In your copy, repeat the records exactly and leave out the pictures.

**Provided information:**
'''

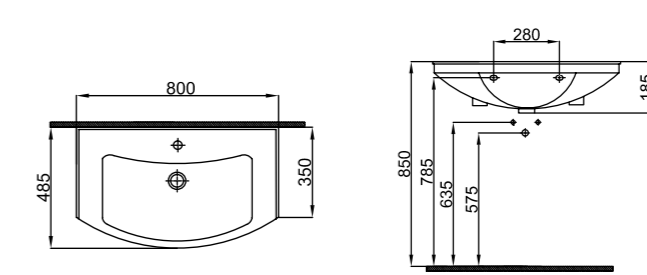

TURNA Lavabo
65cm

Kodu	Ürün Tanımı	Kg	±%10
7405	Dolap Uyumlu Lavabo (65 cm) Washbasin with Cabinet	16,4 kg	

PROPUS Lavabo
80cm

Kodu	Ürün Tanımı	Kg	±%10
7911	Dolap Uyumlu Lavabo (80 cm) Washbasin with Cabinet	24,5 kg

'''

**Output below:**
TURNA Lavabo
65cm

Kodu	Ürün Tanımı	Kg	±%10
7405	Dolap Uyumlu Lavabo (65 cm) Washbasin with Cabinet	16,4 kg	

PROPUS Lavabo
80cm

Kodu	Ürün Tanımı	Kg	±%10
7911	Dolap Uyumlu Lavabo (80 cm) Washbasin with Cabinet	24,5 kg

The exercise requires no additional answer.